Duchowość ojca Bernarda czerpie z doświadczeń duchowych niektórych świętych z rodziny karmelitańskiej oraz z doświadczeń duchowych św. Pawła od Krzyża, założyciela pasjonistów i mniszek pasjonistek klauzurowych. Jego modlitwy często odwołują się do duchowości "małej Tereski", do drogi dziecięctwa Bożego, która zakłada ufność i zawierzenie łasce Bożej, Miłości Bożej, i według której "wszystko jest łaską". Taką postawę życiową i duchową pragnął przyjąć na co dzień, w relacji z innymi osobami, a przede wszystkim w relacji z samym Bogiem.

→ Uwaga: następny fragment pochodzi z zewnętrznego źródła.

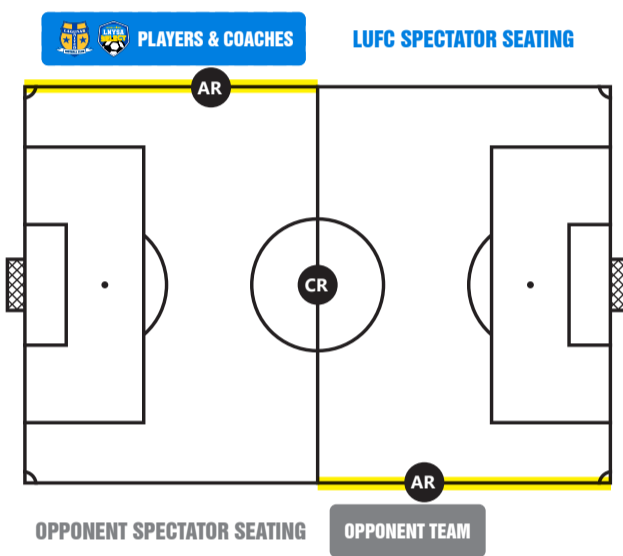

- Please arrive at your coach's desired time prior to kickoff.
- There is never a time to address the referee or opposition parent and player. REFRAIN from doing so.
- NO PARENT COACHING. Cheer and support, but let your coaches do the coaching.
- **48-Hour Rule:** If you have a concern or question, please wait until 48 hours after a game to address a matter.
- If you have an issue, your coach and our DOC are your point of contact. Keep our sidelines positive and appropriate to our team's experience, environment and culture.

PRACTICES

- Only **LUFC** players and coaches are approved to be on and inside of the field. Please give our coaches and players their space.
- Please refrain from any coach or player communication at all during the training session.
- If you need to speak with your coach, please arrange a time to do so via phone or email, and away from the field of play.
- Players should arrive at least (5) minutes prior to their session or follow your coach's direction on arrival time.
- Coaches need to know if you will not be attending a session. Please communicate with your coach in their desired communication method.

LUFC takes great pride in the environment that we create for our players and teams. Please help in supporting and enhancing this experience for our whole LUFC community.

Thank you and we look forward to seeing you on the pitch!

LAGUNA UNITED FOOTBALL CLUB

30025 Alicia Parkway, #188, Laguna Niguel, CA 92677
info@lagunaunited.org | www.lagunaunited.org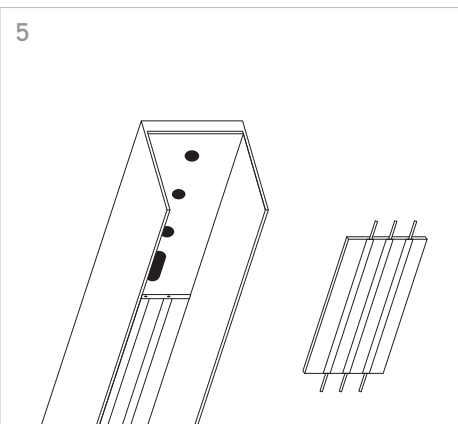

KLIK\_KLAK is a complete range which discreetly steps into residential or commercial environments making light a fundamental part of the whole design project. The system can be applied for several applications (recessed, ceiling mounted or suspended) and thanks to its corner accessories it's suitable for any kind of surface. The availability of several 24V lighting fittings with magnetic fastening completes the system. The lighting fittings which can be installed include: a 15W spot-light, some fixed or adjustable lighting dots and some profiles mounting SMD Led for general lighting.

4 GIUNZIONI LINEARI /  
LINEAR CONNECTIONS

5 GIUNZIONI/CONNECTIONS

Profilo 1mt / Profile 1m

Profilo 2mt / Profile 2m

Legenda/Legend

- soffitto o incasso / ceiling or recessed
- sospensione / suspension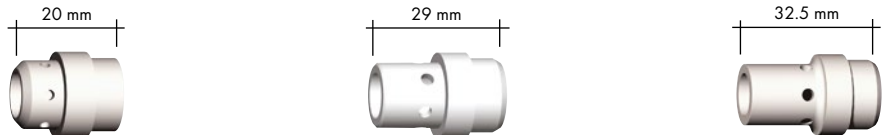

Gas diffuser (10 pcs.)

Standard	012.0183.10¹	018.0116.10²	014.0261.10³
Long life	-	-	014.0026
Ceramic	-	018.0141	014.0023

Liner		for 3 m	for 4 m	for 5 m
Liner	Ø 0.8	124.0011	124.0012	124.0015
	Ø 1.0	124.0026^{1, 2}	124.0031^{1, 2}	124.0035^{1, 2}
	Ø 1.2	124.0026³	124.0031³	124.0035³
PTFE liner	Ø 0.8	126.0005	126.0008	126.0011
	Ø 1.0	126.0021	126.0026	126.0028
	Ø 1.2	126.0021	126.0026	126.0028
Carbon PTFE liner	Ø 0.8	127.0002	127.0003	127.0004
	Ø 1.0	127.0005	127.0007	127.0008
	Ø 1.2	127.0005	127.0007	127.0008

¹ Included in the standard equipment for complete torches MB EVO PRO 24.

² Included in the standard equipment for complete torches MB EVO PRO 26.

³ Included in the standard equipment for complete torches MB EVO PRO 36.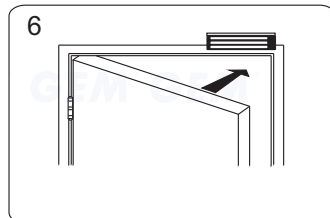

Application for the Electromagnet:
GL600-S

Unit:mm

Installation Steps of LZ bracket for In-swinging doors

1 Find a mounting location on the door frame for the L bracket. Make sure that the door is still closeable.

2 Tighten the electromagnetic lock on the L bracket by using the fixing screw.

3 Assemble the Z bracket, and make sure that the Z bracket is adjustable.

4 Insert the guide pins into the armature plate.

5 Put one rubber washer between armature plate and the Z bracket.

6 Close the door. Measure the correct position by bringing the armature plate close to the contact surface of the electromagnetic lock.

7 Turn on the power of EM-Lock, and let the armature plate bonds to the EM-lock. Adjust the position between the Z bracket and the door frame.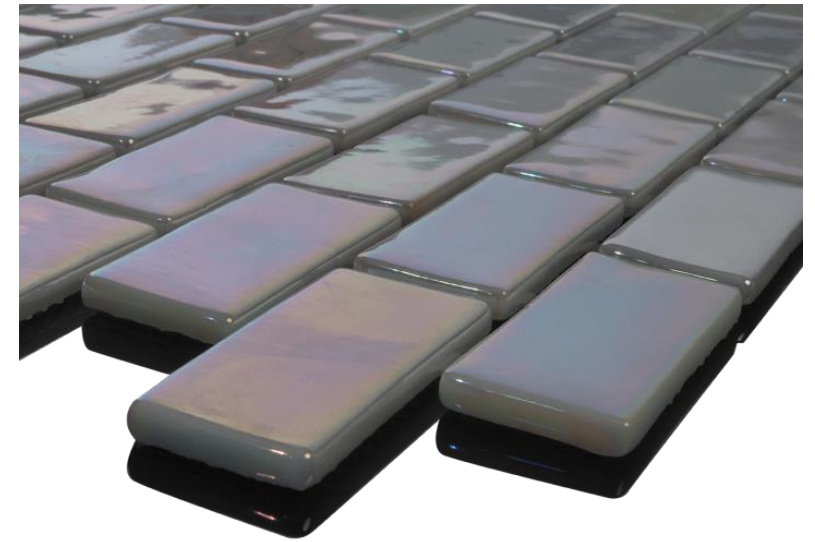

Pearl Tide, Glass Mosaic Tile
Available Sizes:
1" x 1", 1" x 2", Hexagon, Pebble

AQUABLU
Official Distributor
(800) 971-1442
www.aquablumosaics.com

Ważnym elementem w duchowości ojca Bernarda jest podejście do cierpienia, w swych pismach pisze, iż pragnie on cierpieć tak "jak Boski Przyjaciel pragnie ode mnie", pragnie słuchać boskich wykładów codziennie. Widać tu naukę i doświadczenie mistyczne św. Pawła od Krzyża. Odczuwa i doświadcza swojej małości (w modlitwie pt. " Ofiarowanie siebie Wcielonej Mądrości"), oddaje się w niewolę Maryi, a właściwie samemu Jezusowi przez ręce Maryi (1930 r.). Wiara sługi Bożego ma wymiar głęboko chrystocentryczny i maryjny. Prosi on o mądrość Krzyża oraz o współcierpienie z cierpiącymi ("kochać Boga sercem własnym i serc milinami"), pragnie wyniszczać się (tak jak wyniszczała się Maryja). Żył cnotą głębokiej wiary, wiarą żył i promieniował, świadkowie jego życia wspominają o jego zatopieniu się w modlitwie głębokiej (np. podczas adoracji grobu Chrystusa w Wielkim Tygodniu), pochłonięty był obecnością Bożą, a wyrażało się to adoracją i głęboką osobistą modlitwą. W centrum swojej duchowości stawiał zawsze Chrystusa, głęboko Go ukochał, w tym przejawiała się cnota miłości. Pragnął transcendencji – przekraczania samego siebie i być blisko Chrystusa (" u stóp Jezusa czuję się z każdym dniem coraz szczęśliwszy – list z 21 marca 1935 r.), zwłaszcza Jego Najświętszego Serca, wobec którego wyrażał głęboki i gorliwy kult: "mam głębokie przekonanie, że wszystko, czego doświadczam, jest owocem… właśnie modlitw. Z całego serca więc dziękuję – resztę zapłaci miłościwe Serce naszego Boga" (list z 21 marca 1935 r.). Pisze o czerpaniu ze skarbów ukrytych przez cierpiącego Boga (21 marca 1935 r.), wyraźnie jest więc wiernym uczniem św. Pawła od Krzyża.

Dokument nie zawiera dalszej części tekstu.